See "./docker-build-asuswrt-merlin.sh help" for more details. Optional user selected "clean" action(s) must precede the router name being built. The "all" option automatically does pre-determined clean actions before each supported router is built and should be the only option when it is used.

It is important that asuswrt-merlin project be under git control since the "clean-src" option and "all" option require that portions of the source tree be deleted and "git checkout" occur.
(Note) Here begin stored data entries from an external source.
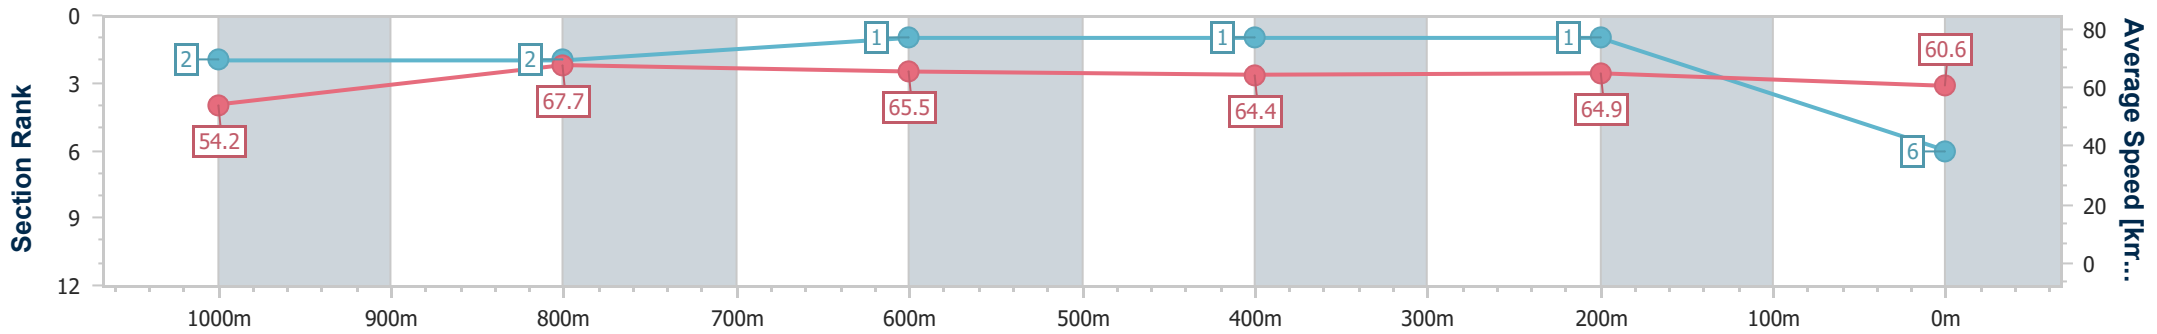

Horse/Jockey Name	Prince Of Boom
Final Rank	6
Fastest Section Time (Section)	0:10.62 (1000m)
Top Speed [km/h] (Section)	69.3 (1000m)
Race State	Finished

Doomben QLD Professional
Race 8: LADBROKES DOOMBEN 10,000 - 1200m
13 May 2023 - 16:03
Track Rating: Good 4, Weather: Fine, Rail Position: True

BRISBANE
RACING CLUB

Section	Overall	1000m	800m	600m	400m	200m
Section Times	1:09.14 [6] (0:13.29)	0:55.85 [2] (0:10.62)	0:45.23 [2] (0:11.07)	0:34.16 [1] (0:11.22)	0:22.94 [1] (0:11.05)	0:11.89 [1] (0:11.89)
Average Speed [km/h]	54.2	67.7	65.5	64.4	64.9	60.6
Top Speed [km/h]	68.8	69.3	66.7	66.7	66.0	63.8
Avg. Dist. to Rail [m]	3.2	0.8	1.5	0.8	0.8	0.7
Avg. Stride Freq. [Hz]	2.2	2.3	2.3	2.3	2.3	2.3
Avg. Stride Length [m]	6.8	8.1	7.9	7.9	7.8	7.5

- [ ] Ranking at each section and finish
- -.-.- No data available at this section
- NA No data available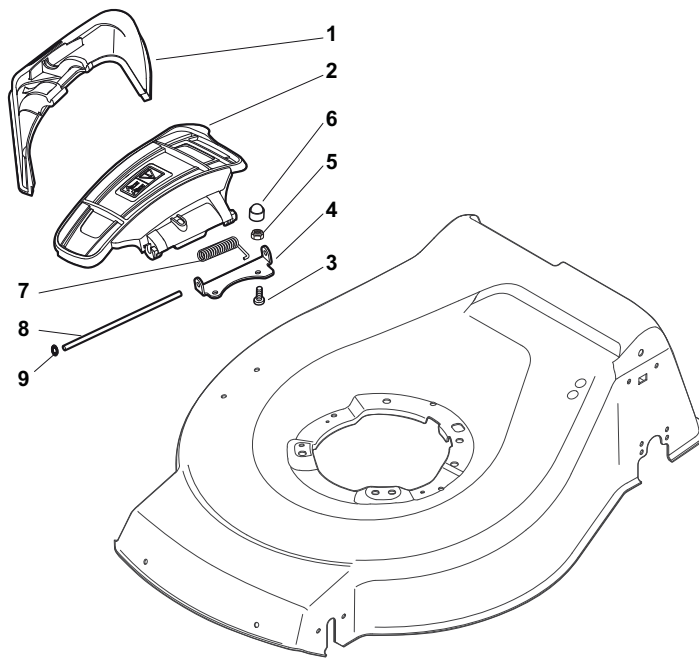

THIS INFORMATION IS NOT INTENDED FOR SALE OR RESALE, AND THIS NOTICE MUST REMAIN ON ALL COPIES.

Position	Part No.	Q.Ty	Description
1	381004542/0	1	Deck Red
2	122534131/0	1	Pin
3	381003398/0	1	Lever, Height Adjustment
4	12154510/0	1	Nut
5	12788512/0	1	Screw
6	322394503/0	1	Knob
7	12521310/0	1	Washer
8	12150000/0	1	Nut
10	122943013/0	1	Screw
11	381002032/0	1	Rod, Height Adjustment
12	112436051/0	1	Plate
13	112727803/0	3	Screw
14	12154510/0	3	Nut
15	112727801/0	1	Screw
16	381002887/1	1	Axle, Front Wheels
17	12154510/0	1	Nut
18	12728450/0	1	Screw
19	322034002/0	1	Washing Connection
21	322600145/0	2	Protection, Wheel
24	12521350/0	4	Washer
25	12155000/0	4	Nut
27	322600208/0	2	Protection, Wheel
31	381302835/0	1	Axle, Rear Wheels
32	122450460/0	1	Spring
33	112728697/0	4	Screw
34	22545152/0	2	Plate
35	112728697/0	4	Screw
36	322785304/1	2	Support
37	122570134/0	1	Pinion L
38	322120115/0	2	Ring Gear
39	112728706/0	6	Screw
40	122570133/0	1	Pinion R
41	122446192/0	1	Spring

Position	Part No.	Q.Ty	Description
1	322108295/0	1	Stone-Guard
2	322600195/0	1	Ejection Guard
3	112727803/0	2	Screw
4	322806639/0	1	Fulcrum Pin
5	12154510/0	2	Nut
6	18203853/0	2	Protection
7	122450456/0	1	Spring
8	122517869/0	1	Pin
9	12604896/0	2	Crown Fastener

Position	Part No.	Q.Ty	Description
1	19216035/0	8	Bearing
2	381007416/1	2	Wheel Ø 200
3	322110645/0	2	Hub Cap
4	381007417/1	2	Wheel Ø 280
5	322110646/0	2	Hub Cap

Position	Part No.	Q.Ty	Description
1	12608600/0	2	Seeger
2	112728697/0	4	Screw
3	322042063/0	2	Bush
4	22753000/0	2	Pin
5	81003092/0	1	Gear Box
6	22601909/0	1	Pulley
7	12645700/0	1	Pin
8	22033283/0	1	Adjustment Rod
9	35063902/0	1	Belt
11	22041957/1	1	Bush
12	22450063/0	1	Spring
13	22680009/0	1	Washer
14	12154510/0	1	Nut
15	22110230/0	1	Cap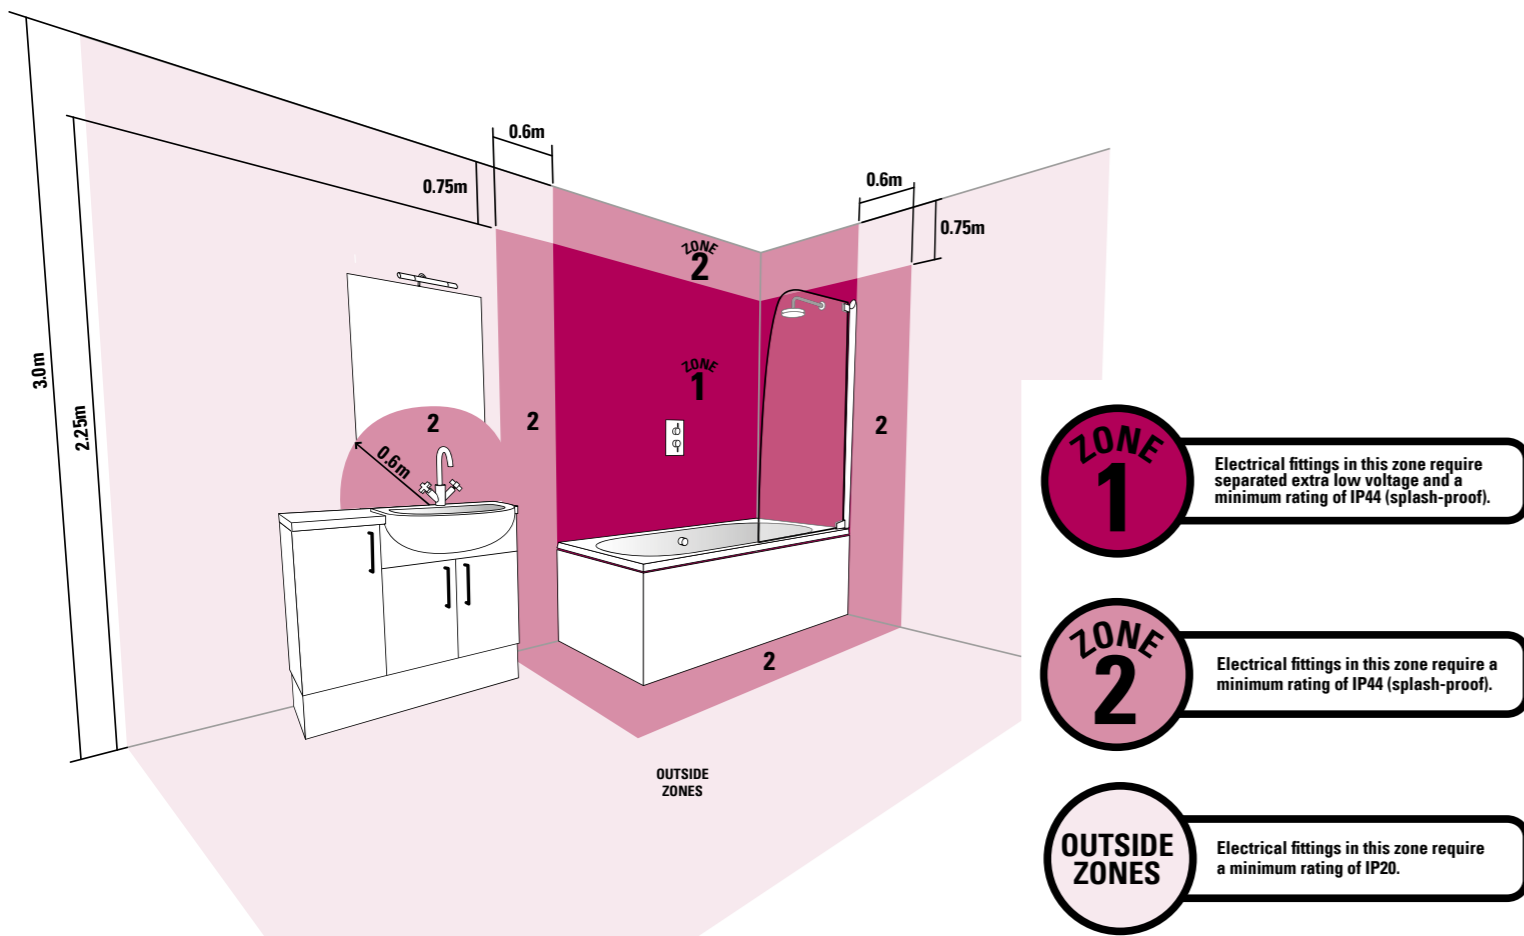

This elegant 300mm Chrome LED light fitting can be used on top of cabinets or unilluminated mirrors. IP44-rated and supplied with driver. (See page 116)

300mm chrome LED light
LED300WL
£81.20

5
year
guarantee

When planning your bathroom remember to make allowance for any electrical work which may have to be carried out before any of your furniture is fitted. Always use a qualified electrician.

So, if these build options are used, make sure that any changes are committed at least locally (or stashed) before starting a build to avoid possible loss of work.

For convenience, at the completion of each router build the resulting firmware file is copied by the script to the asuswrt-merlin top level root directory into an outputs/ directory from the architecture-router dependent locations

"asuswrt-merlin/release/src-rt-*/*/image/RT-*.trx"

So a build with the "all" options will result in nine

RT-*.trx

files appearing at the asuswrt-merlin top level in an outputs/ directory.

By default the docker container runs as root, so files checked out by git and produced by the the script running in the container would become owned by root. However, after the script does some things that must be done by root, it creates a new user and group ID in the container equal to the IDs of the user running the script. The container then completes the build while running as that new user. Therefore, the script does not create or change the ownership of any file in the source tree.